Primero, algunas observaciones sobre la organización, el planteamiento y la conducción de la campaña electoral. Para comenzarla inmediatamente, es necesaria la actividad inmediata e iniciadora de las células ilegales del partido del POSDR en todos los confines del país, en todas y cada una de las organizaciones legales y semilegales, en todas las grandes fábricas y plantas, entre todas las capas y grupos de la población. Hay que mirar de frente a la desagradable realidad. En la mayoría de los lugares no existen en absoluto organizaciones partidarias plenamente estructuradas. Existe una vanguardia obrera entregada a la socialdemocracia. Existen individuos aislados, existen pequeños grupos. Por eso, la formación iniciadora de células (– palabra que expresa bien la idea de que las condiciones externas imponen grupos, círculos y organizaciones pequeñas y muy flexibles) debe ser la primera tarea de todos los socialdemócratas, aunque sean dos o tres, que de alguna manera puedan "engancharse", reunir uno u otro contacto, comenzar un trabajo, aunque sea el más modesto, pero sistemático.

En la situación actual de nuestro partido, no hay nada más peligroso que la táctica de "esperar" el momento en que se constituya un centro ruso influyente. Todos los socialdemócratas saben que se está trabajando en su creación, que aquello sobre quienes recae ante todo ese deber han hecho todo lo posible para ello, pero todos los socialdemócratas deben saber también que las dificultades policiales son increíbles —¡no hay que desanimarse ante el primer, segundo y tercer fracaso!—, todos deben saber que, cuando se forme tal centro, tardará mucho en organizar una red sólida de enlaces con todas las localidades, y durante un tiempo considerable tendrá que limitarse únicamente a la dirección política general. Aplazar la formación de células locales iniciadoras del POSDR, estrictamente partidarias, ilegales, que comiencen de inmediato el trabajo preparatorio para las elecciones, que den inmediatamente todos los pasos posibles para el desarrollo de la propaganda y la agitación (imprentas ilegales, hojas volantes, órganos legales, grupitos de miembros "legales" del partido socialdemócrata, enlaces de transporte, etc., etc.), aplazar esta tarea significaría arruinar el trabajo.

Para la socialdemocracia, que valora las elecciones sobre todo como una labor de educación política del pueblo, la cuestión fundamental es, por supuesto, la del contenido ideológico y político de toda la propaganda y agitación vinculadas a las elecciones. Ésta es precisamente la cuestión de la plataforma electoral.
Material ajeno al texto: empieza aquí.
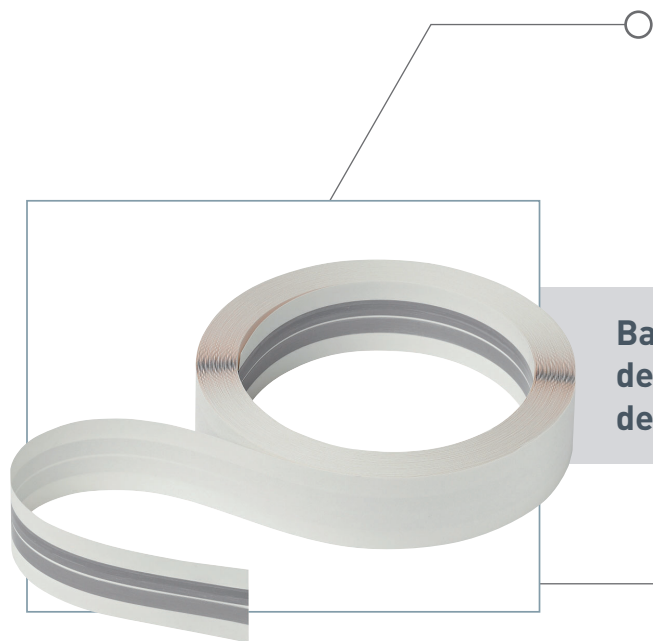

BANDE ARMÉE

Bande de renfort d'angle pour le traitement des angles saillants sur cloisons en plaques de plâtre

PERFORMANCES PRODUIT

FINITION PARFAITE DES ANGLES

PAPIER MICRO PERFORÉ

Para cualquier partido que merezca mínimamente este nombre, la plataforma, mucho antes del momento de las elecciones, es ya algo dado, no algo inventado adrede "para las elecciones", sino que fluye inevitablemente de todos los asuntos del partido, de todo el planteamiento de su trabajo, de toda su orientación en el período histórico dado. Y para el POSDR la plataforma ya está dada, la plataforma ya existe, está determinada de manera natural e inevitable por los principios del partido y por la táctica que el partido ya ha establecido, ya ha aplicado y aplica en toda la época de la vida política del pueblo, a la cual las elecciones siempre hacen "balance" en cierto sentido. La plataforma del POSDR es el balance del trabajo que el marxismo revolucionario y las capas de obreros avanzados que le han permanecido fieles han realizado en la época de 1908-1911, en la época del desenfreno de la contrarrevolución, en la época del régimen del "3 de junio", del régimen "stolypiniano".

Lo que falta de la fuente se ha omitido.